In Scymanski, the defendant argued that an action for tortious interference with a contract could not be maintained because the contract violated the statute of frauds. The court held it was unnecessary to have an existing enforceable contract if there was a reasonable expectancy of one in the future. Scymanski, at 84. The court concluded that in the circumstances of that case it could be expected that the contract would have been reduced to writing absent the interference. Scymanski, at 85.

The Scymanski case stands for the proposition that there can be interference with a business expectancy prior to the time the expectancy is reduced to an enforceable contract. Any other rule would reward tortfeasors who interfered early in a business relationship. That reasoning is not applicable to the case at bench. Time Oil did not interfere with the execution of a contract between Kennedy and Rode. The commission agreement was the culmination of Kennedy's business expectancy. Nothing further was contemplated by Kennedy or Rode.

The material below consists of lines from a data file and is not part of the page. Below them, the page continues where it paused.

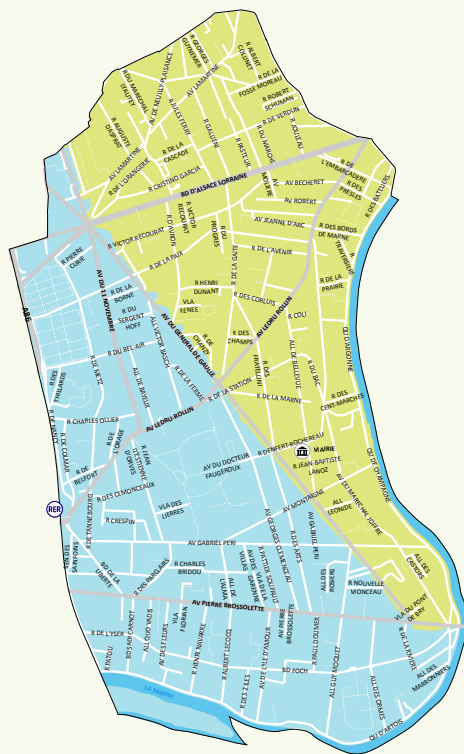

Collecte des emballages et papiers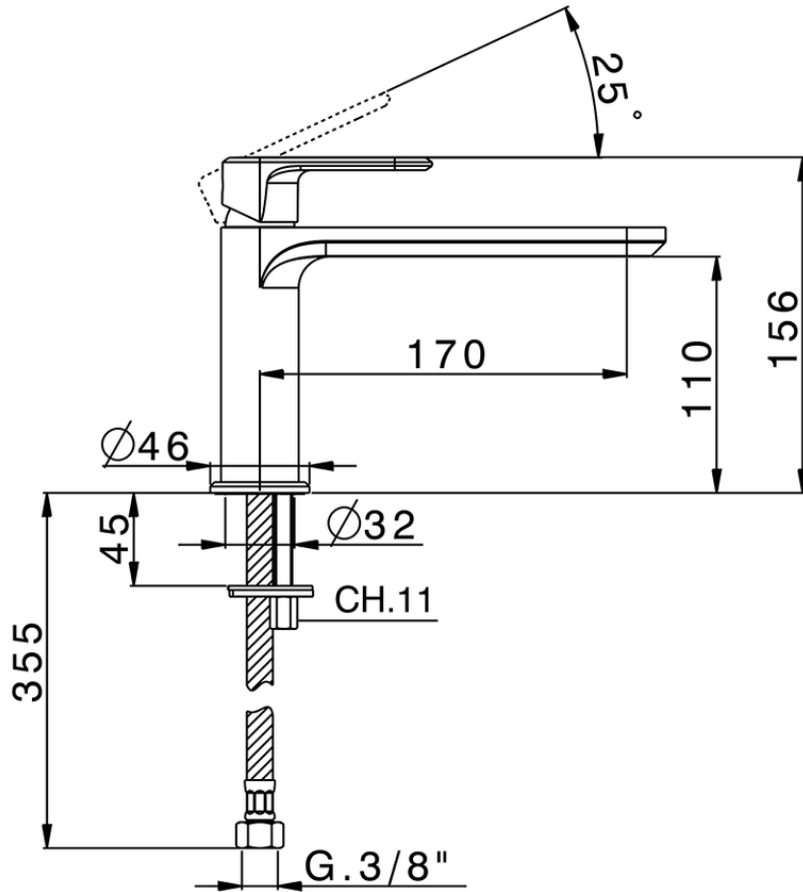

Miscelatore monocomando lavabo LEVITY_LY001540

LY001540

<https://huberitalia.com/miscelatore-monocomando-lavabo-levity-ly001540>

2024-11-21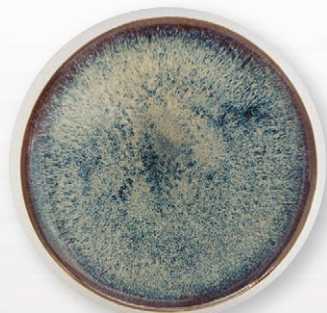

## COLLEZIONE GENESYS BLU

Porcellana bianca esterno effetto gesso puntinato ed interno blu reactive lucido

■ 18023 PIATTO NORDIC Ø cm 20,7

■ 18021 PIATTO BASSO Ø cm 23

■ 18022 PIATTO ALTO NIDO  
Ø cm 27 H 4,8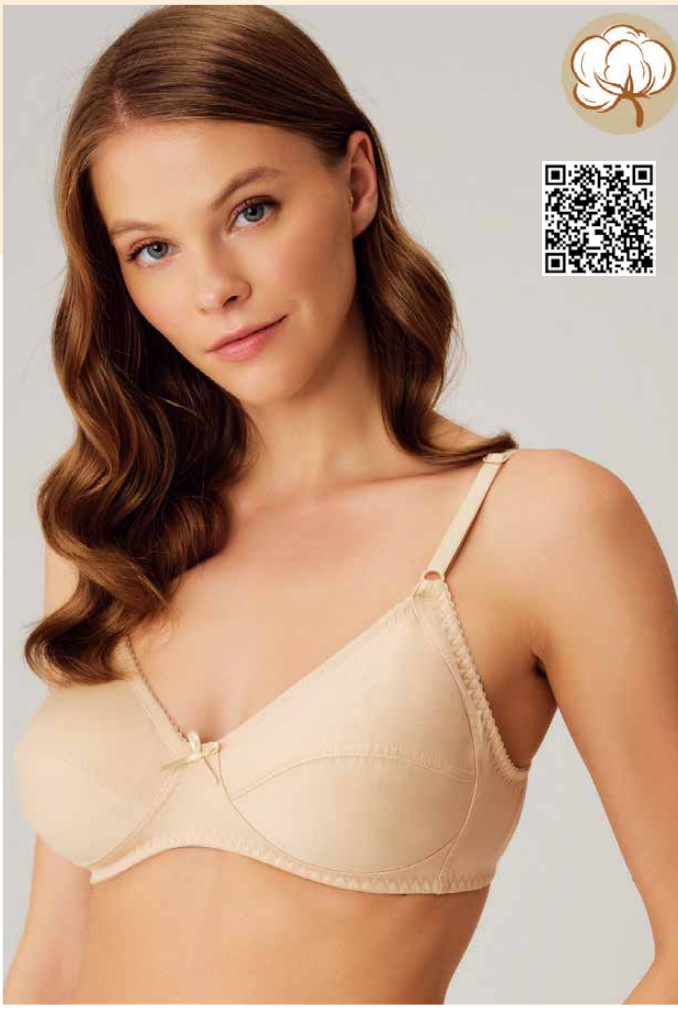

Minimizer Bra (Cotton)

0512

BALENSİZ TOPARLAYICI MINİMİZER
75B - 115B Cup
White, Skin

%100 Pamuktan üretilmiş olan, nefes alabilen büyük bedene uygun, balensiz klasik bir sütyen modeli. Sütyenin kup çevresi büyük göğüslerde olağanüstü destek sağlar. Yumuşak ve doğal dokusuyla gün boyu konfor arayanlar için ideal.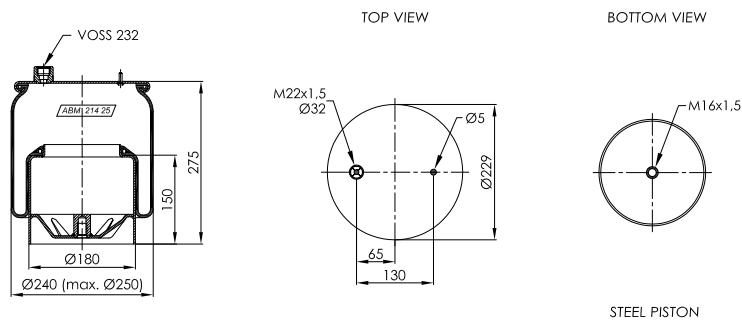

ABM 214 25 H 41

OE NUMBER
MERCEDES

960 320 12 57; 960 320 15 57;

CROSS REFERENCE
CONTITECH

6121 N P44

MAX. TORQUE

M 16x1,5 - 90 Nm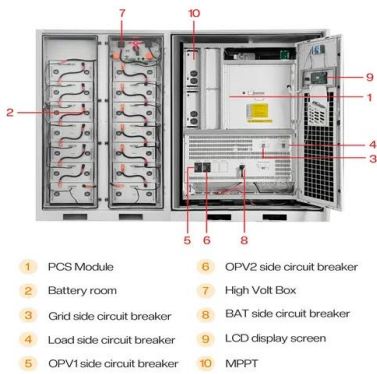

RA.Store K

Ra.Store K è connesso costantemente alla rete ATON Storage per il monitoraggio attivo 24 ore su 24, in grado di comunicare in tempo reale perdite di efficienza ed allertare il team di assistenza tecnica per un intervento tempestivo. Scopri ATON-CARE. Prodotto Italiano. Garanzia 7 anni. Aton-Care APP.

GPRS WIFI

La presente guida fornisce le istruzioni per installare qualsiasi scheda di comunicazione internet ATON su unità dotate di schede ATN810, ATN820, ATN830, ATN831. Utilizzare la seguente tabella per dove vada installata la scheda di comunicazione: Modelli S.d.A. Tipo di scheda display Scheda GPRS ATN811 Scheda Wifi ATN815 Scheda Ethernet LAN ATN816

[ATON STORAGE UK LTD overview](#)

More for ATON STORAGE UK LTD (14836477)
Registered office address Southgate House,
Southgate Street, Gloucester, United Kingdom,
GL1 1HH . Company status Active Company type
Private limited Company Incorporated on 1 May
2023. Accounts. First accounts made up to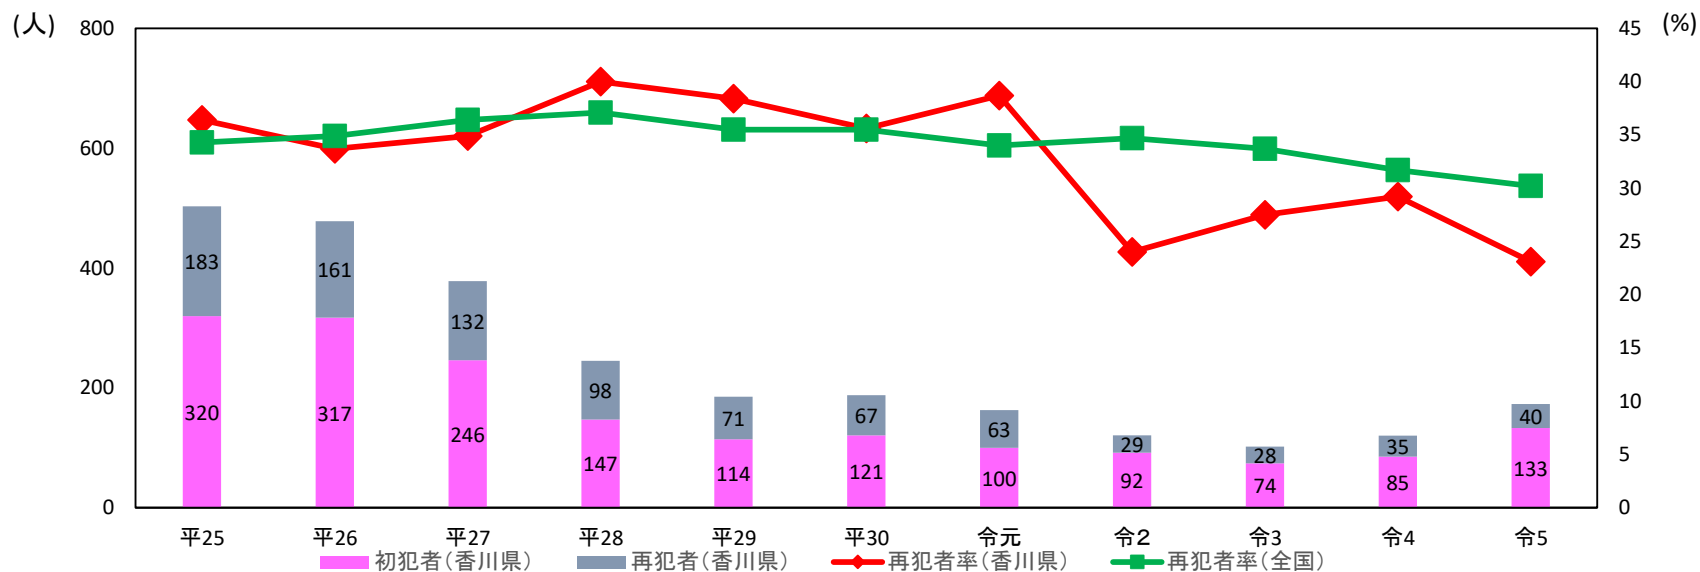

刑法犯少年の再犯者の推移

年次	平25	平26	平27	平28	平29	平30	令元	令2	令3	令4	令5	
香川県	刑法犯少年	503	478	378	245	185	188	163	121	102	120	173
	初犯者	320	317	246	147	114	121	100	92	74	85	133
	再犯者	183	161	132	98	71	67	63	29	28	35	40
香川県	再犯者率	36.4	33.7	34.9	40	38.4	35.6	38.7	24.0	27.5	29.2	23.1
全国	再犯者率	34.3	34.9	36.4	37.1	35.5	35.5	34	34.7	33.7	31.7	30.2

In F.D. Hill & Co. v. Wallerich, supra, a real estate broker brought suit for tortious interference with his commission agreement. The defendant alleged that the commission agreement violated the statute of frauds. The court reasoned that the statute of frauds defense would not be available to the defendant because he was not a party to the agreement. Wallerich, at 412.

The concern in the present case is not with a mere technical defense available only to a party to the contract. Kennedy's commission agreement violates public policy, and any claim arising out of it is tainted by the illegality of the commission agreement and becomes unenforceable. Sherwood & Roberts-Yakima, Inc. v. Leach, 67 Wash. 2d 630, 636-37, 409 P.2d 160, 14 A.L.R. 3d 1411 (1965).

As Kennedy did not have a valid contract or business expectancy, summary judgment was proper. See Calbom v. *183 Knudtzon, supra.

We affirm the judgment of dismissal.

WEBSTER, J., and PETRIE, J. Pro Tem., concur.

Review denied by Supreme Court September 20, 1985.

NOTES

[1] Under the agreement, Kennedy's share was $45,000 and England's share was $5,000.